雖然本發明已以較佳實施例及範例詳細揭露如上，可理解的是，此些範例意指說明而非限制之意義。可預期的是，所屬技術領域中具有通常知識者可想到多種修改及組合，其多種修改及組合落在本發明之精神以及後附之申請專利範圍之範圍內。 Although the present invention has been disclosed above in detail with preferred embodiments and examples, it should be understood that these examples are meant to be illustrative rather than limiting. It is expected that those skilled in the art can conceive various modifications and combinations, and the various modifications and combinations fall within the spirit of the present invention and the scope of the appended patent application.

1000:模型預測控制系統 1000: Model Predictive Control Systems

100:模型模擬單元 100:Model simulation unit

200:監測單元 200: Monitoring unit

400:代理模型預測控制單元 400: Proxy Model Predictive Control Unit

500:更新單元 500: update unit

700:目標物 700: target

u1,u2:控制決策參數 u1, u2: control decision parameters

y1,y2:實際狀態參數 y1, y2: actual state parameters

x1,x2:估計狀態參數 x1, x2: Estimated state parameters

S:目標參數集合 S: set of target parameters

s1~sN:目標參數 s1~sN: target parameters

Claims

A model predictive control system, comprising: a model simulation unit, used to simulate a dynamic behavior of a target object according to a behavior model of a target object and a plurality of control decision parameters of the previous state, and correspondingly generate a plurality of actual states Parameters; a monitoring unit for monitoring the control decision parameters of the previous state and the actual state parameters, and generating a plurality of estimated state parameters according to the control decision parameters of the previous state and the actual state parameters; and An agent model predictive control unit, which is used to perform an approximate model predictive control operation according to the estimated state parameters and a plurality of target parameters, so as to obtain a plurality of control decision parameters of the current state, and convert the control decision parameters of the current state and sent back to the model simulation unit; wherein, the proxy model predictive control unit executes the approximate model predictive control operation to replace a model predictive control operation with higher computational complexity.

The model predictive control system as in Claim 1, wherein the target object has a plurality of control objects, and these control objects are simulated and controlled according to the control decision parameters, so that the actual state parameters of the target object satisfy the target parameter.

The model predictive control system according to claim 1, wherein the proxy model predictive control unit executes a random program operation to perform the approximate model predictive control operation.

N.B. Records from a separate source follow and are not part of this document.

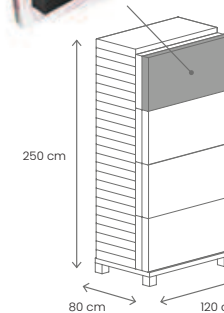

Art. 162

Multifunctional cushions box with volume of 420 L (111 gal)

cm 120x56x63h | in 47x22x25h

Packaging dimensions:
cm 121x58x9,5h | in 48x23x4h

Net weight	Kg	8,42
Gross weight	Kg	9,27
Box x pallet	n°	33
Pcs x truck	n°	1089
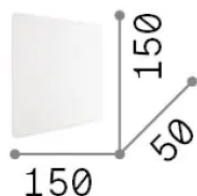

Info sorgente e prestazionali

Sorgente integrata	Integrated LED module
Sorgente sostituibile	Replaceable (by qualified operators only)
Potenza	LED 9,5 W
Emissione	Indirect
Consumo massimo	max 9,5 W
Caratteristiche LED	LED SMD
CCT LED	3000 K
Durata LED (t. 25°C)	30000 h
CRI	> 90
SDCM	3
Flusso sorgente	730 lm
Flusso utile	470 lm
Lampadina inclusa	1
Lampadina consigliata	LED INTEGRATO 730lm 3000K

The model predictive control system of claim 3, wherein the stochastic program operation performed by the agent model predictive control unit is a Gaussian program operation, and the agent model predictive control unit executes the Gaussian program operation to obtain the respective control decision parameters mean and variance.

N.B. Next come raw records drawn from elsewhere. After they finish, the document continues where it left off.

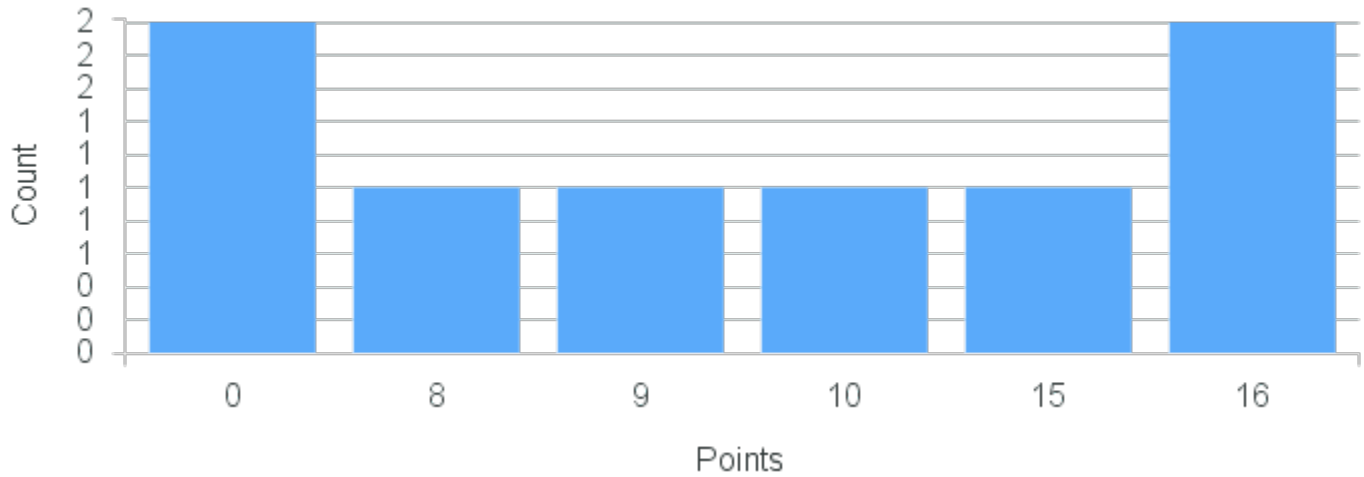

Course Point Distribution for Fall 2020

CRN: 12424

Course ID: EC101 Cross List:
3311

Limit: 25

Principles of Microeconomics

Demand: 8

Waitlisted: 0

Department: Economics &
Business

Term	Block(s)	CRN	Course ID	See Also	Course Limit	Course Demand	Count	Points
Fall 2020	3	12424	EC101 3311		25	8	2	16
Fall 2020	3	12424	EC101 3311		25	8	1	15
Fall 2020	3	12424	EC101 3311		25	8	1	10
Fall 2020	3	12424	EC101 3311		25	8	1	9
Fall 2020	3	12424	EC101 3311		25	8	1	8
Fall 2020	3	12424	EC101 3311		25	8	2	0

The model predictive control system as claimed in claim 4, wherein the average values are used as the final output control decision parameters, and the variation values are used as a model reliability index.

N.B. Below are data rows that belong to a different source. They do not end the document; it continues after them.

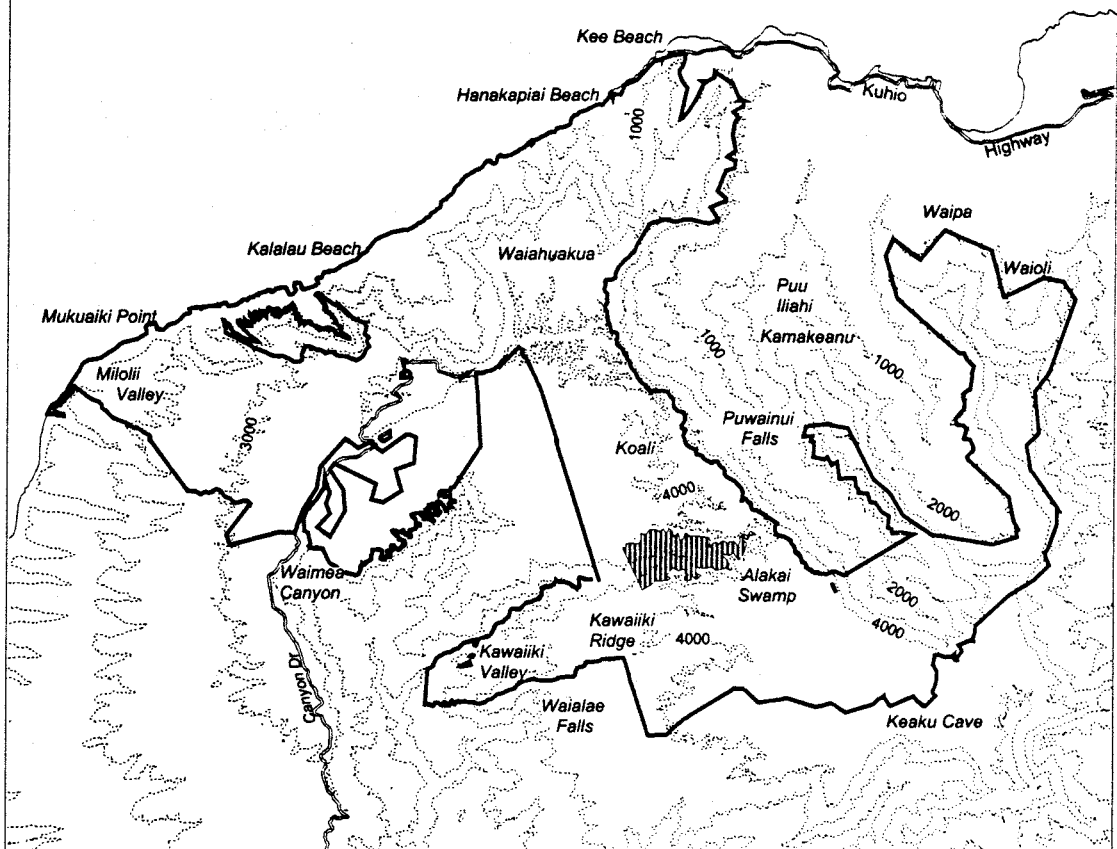

Map 192 Unit 11 - *Schiedea membranacea* - a

Critical Habitat Unit 11

Critical Habitat for
Schiedea membranacea - a

Elevation (1,000-ft. contours)

Major Road

Coastline

0 1 2 Miles

0 1 2 Kilometers

For example, the model predictive control system of claim item 5 further includes: an updating unit for judging whether the model reliability index is greater than a threshold value, and if the model reliability index is greater than the threshold value, the proxy model predictive control unit performs renew.

Such as the model predictive control system of claim 6, further comprising: an optimized model predictive control unit, when the proxy model predictive control unit is updated, the optimized model predictive control unit is used to perform the calculation with high complexity The model predictive control operation to obtain the control decision parameters satisfying the optimal solution.

As the model predictive control system of claim 6, wherein the agent model The predictive control unit is updated in an online adaptive manner.

The model predictive control system according to claim 1, wherein the agent model predictive control unit pre-establishes the behavior model of the target in an offline manner.

The model predictive control system according to claim 9, wherein the agent model predictive control unit pre-establishes the behavior model by means of imitation learning or machine learning.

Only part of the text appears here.